TASK:
If a line in the data holds the string "Threshold", list it.

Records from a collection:

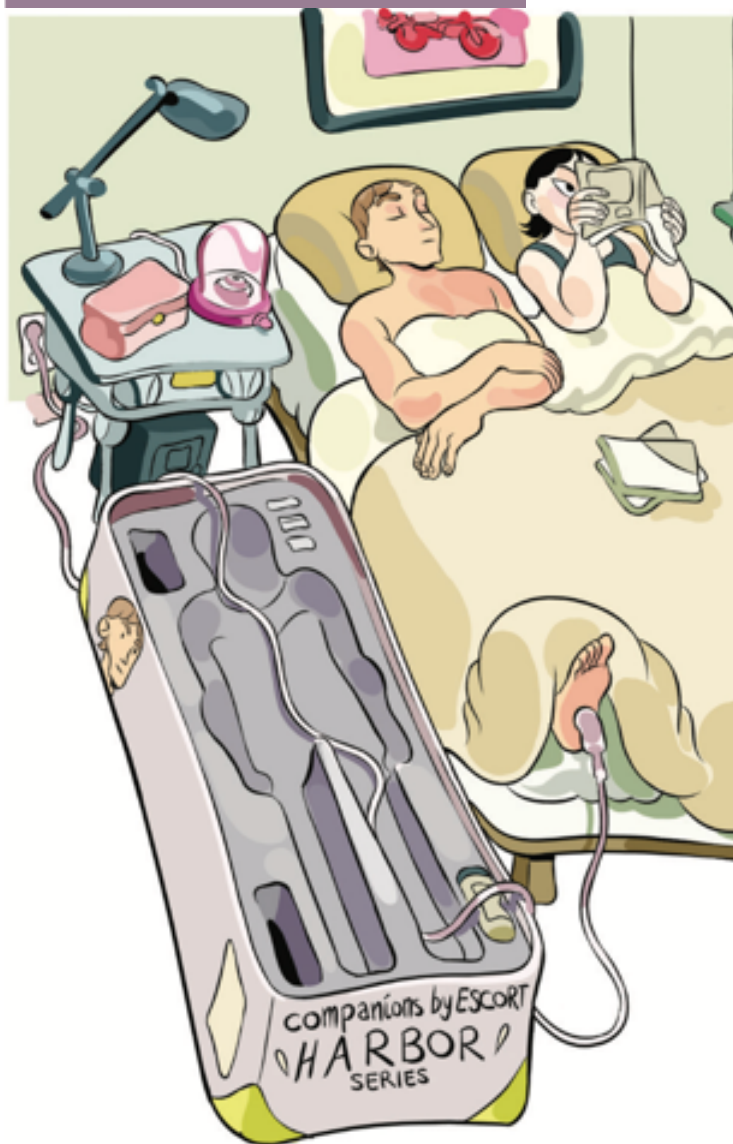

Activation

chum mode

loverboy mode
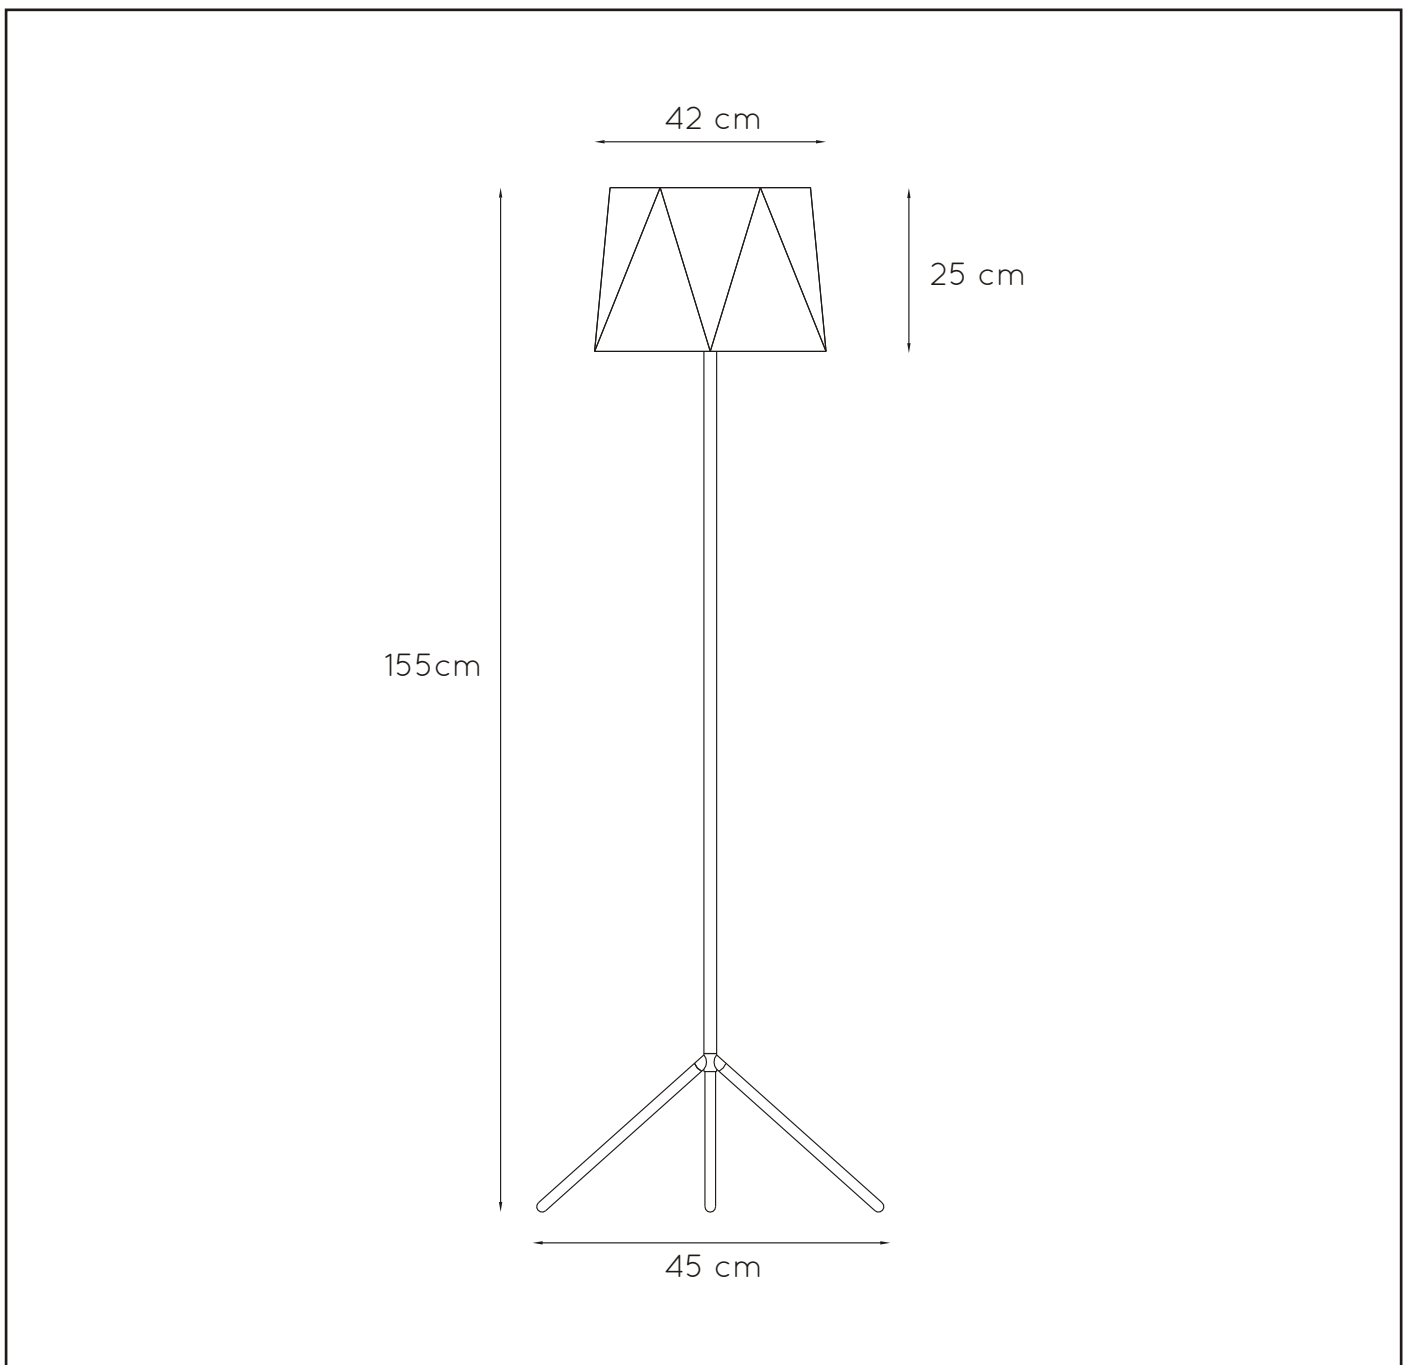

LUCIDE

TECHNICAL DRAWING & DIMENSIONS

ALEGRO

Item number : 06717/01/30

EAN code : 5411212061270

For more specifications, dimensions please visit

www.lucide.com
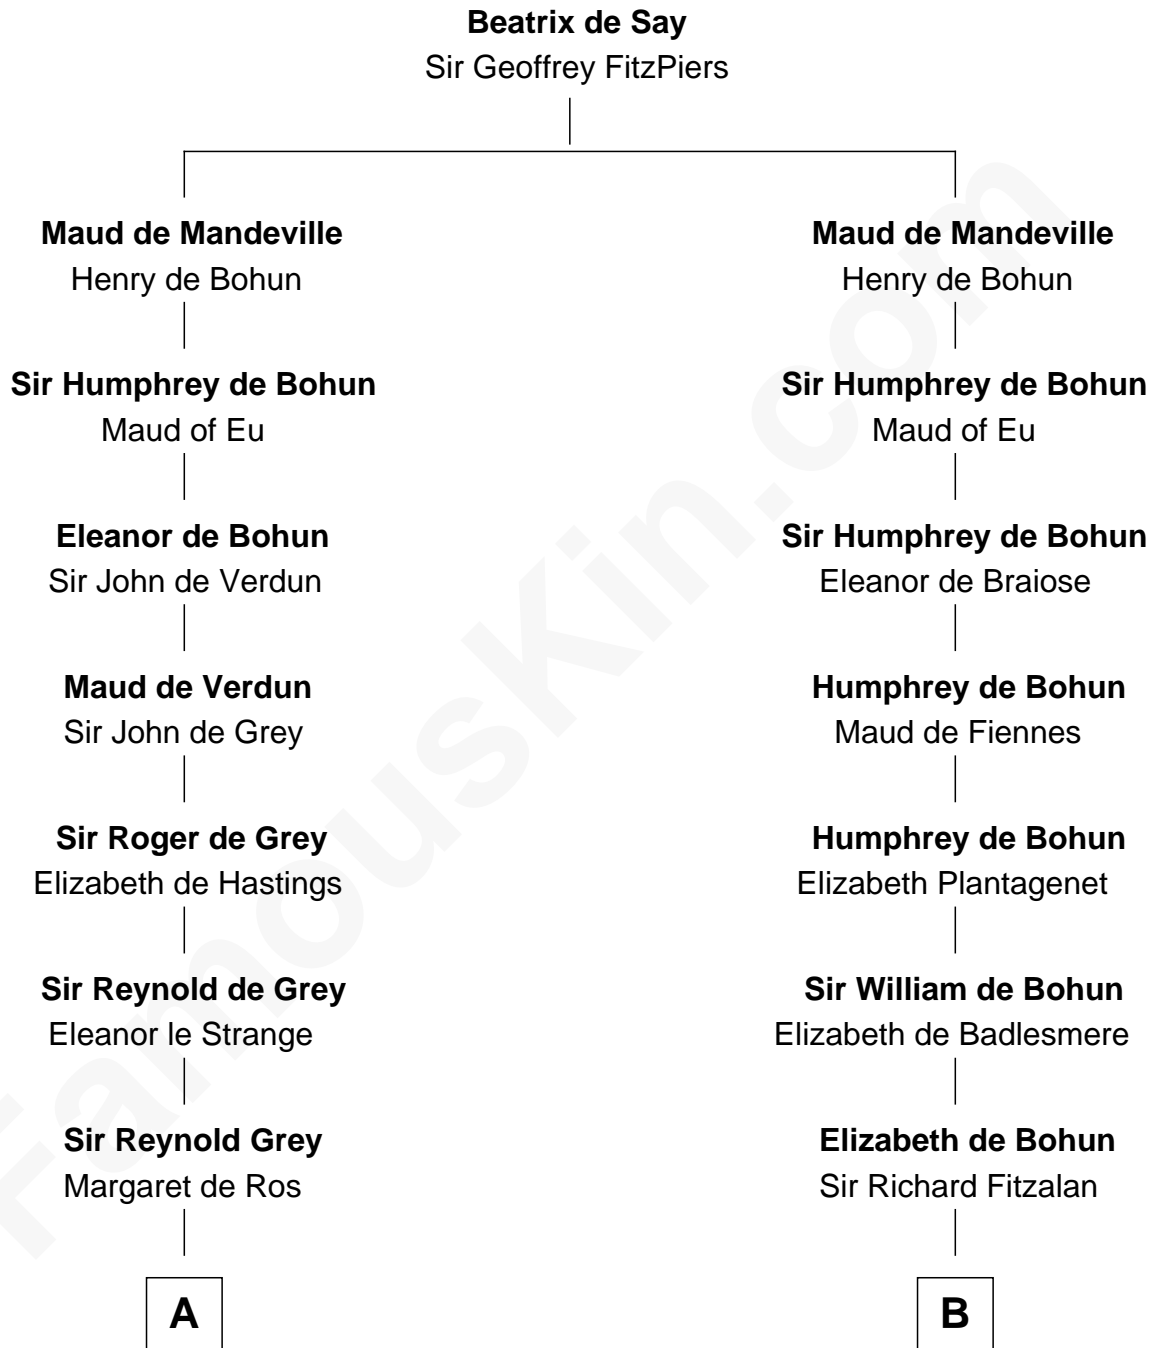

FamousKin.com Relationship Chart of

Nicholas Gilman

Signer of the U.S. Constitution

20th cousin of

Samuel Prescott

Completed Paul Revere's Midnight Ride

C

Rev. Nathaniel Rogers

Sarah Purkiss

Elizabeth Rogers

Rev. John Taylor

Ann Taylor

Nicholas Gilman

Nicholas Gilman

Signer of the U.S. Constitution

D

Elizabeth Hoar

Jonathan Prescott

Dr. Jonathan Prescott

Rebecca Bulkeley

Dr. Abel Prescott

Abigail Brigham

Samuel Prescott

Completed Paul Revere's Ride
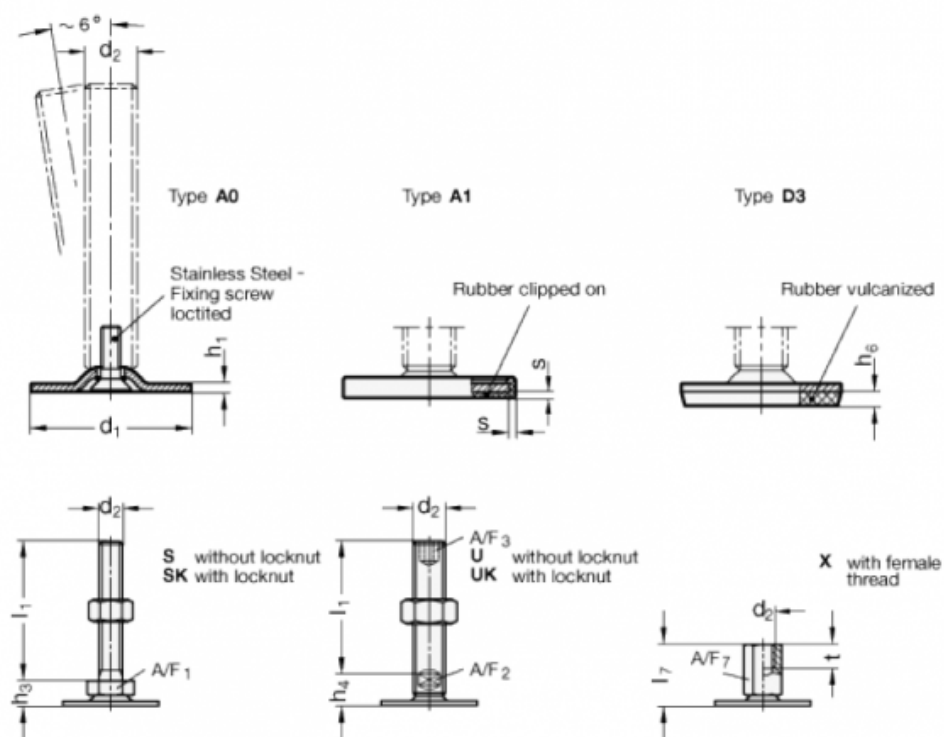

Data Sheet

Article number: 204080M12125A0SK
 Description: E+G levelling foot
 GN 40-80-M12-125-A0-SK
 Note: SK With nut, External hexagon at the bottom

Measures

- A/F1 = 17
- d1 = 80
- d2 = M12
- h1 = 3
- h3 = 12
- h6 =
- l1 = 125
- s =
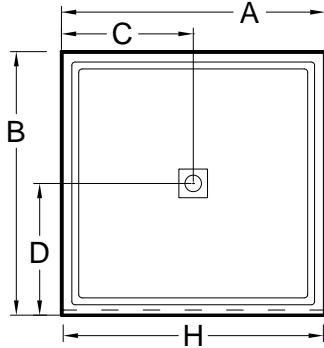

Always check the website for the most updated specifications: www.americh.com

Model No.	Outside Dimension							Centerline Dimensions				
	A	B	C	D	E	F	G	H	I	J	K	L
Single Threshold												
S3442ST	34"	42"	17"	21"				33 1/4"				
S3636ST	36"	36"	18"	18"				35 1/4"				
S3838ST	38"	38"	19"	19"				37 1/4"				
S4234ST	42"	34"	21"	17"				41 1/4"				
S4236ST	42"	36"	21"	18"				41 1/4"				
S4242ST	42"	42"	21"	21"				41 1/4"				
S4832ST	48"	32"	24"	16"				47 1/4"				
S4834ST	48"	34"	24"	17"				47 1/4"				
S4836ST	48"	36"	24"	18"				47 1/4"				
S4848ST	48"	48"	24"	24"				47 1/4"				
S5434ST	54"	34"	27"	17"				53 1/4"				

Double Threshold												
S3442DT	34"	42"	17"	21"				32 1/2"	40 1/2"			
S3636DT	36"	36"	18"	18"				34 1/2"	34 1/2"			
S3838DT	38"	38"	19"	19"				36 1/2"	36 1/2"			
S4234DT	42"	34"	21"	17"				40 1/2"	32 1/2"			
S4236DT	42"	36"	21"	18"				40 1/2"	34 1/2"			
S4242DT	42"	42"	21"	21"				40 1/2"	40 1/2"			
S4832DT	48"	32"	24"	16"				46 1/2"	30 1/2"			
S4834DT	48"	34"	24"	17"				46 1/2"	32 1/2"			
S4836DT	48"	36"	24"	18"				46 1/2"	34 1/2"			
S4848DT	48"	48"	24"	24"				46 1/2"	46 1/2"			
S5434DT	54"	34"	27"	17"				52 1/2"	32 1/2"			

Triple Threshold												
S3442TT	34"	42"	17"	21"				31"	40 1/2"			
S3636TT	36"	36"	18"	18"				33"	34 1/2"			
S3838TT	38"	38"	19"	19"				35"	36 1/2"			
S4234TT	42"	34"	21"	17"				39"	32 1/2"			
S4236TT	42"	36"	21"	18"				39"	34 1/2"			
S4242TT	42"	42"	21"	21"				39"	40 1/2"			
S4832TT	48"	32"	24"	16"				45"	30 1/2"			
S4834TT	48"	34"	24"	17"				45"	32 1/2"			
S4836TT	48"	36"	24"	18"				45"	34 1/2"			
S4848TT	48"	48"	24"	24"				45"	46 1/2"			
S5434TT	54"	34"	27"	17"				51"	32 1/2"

ANSWER TO THIS EXERCISE:
Single Threshold												
Double Threshold												
Triple Threshold												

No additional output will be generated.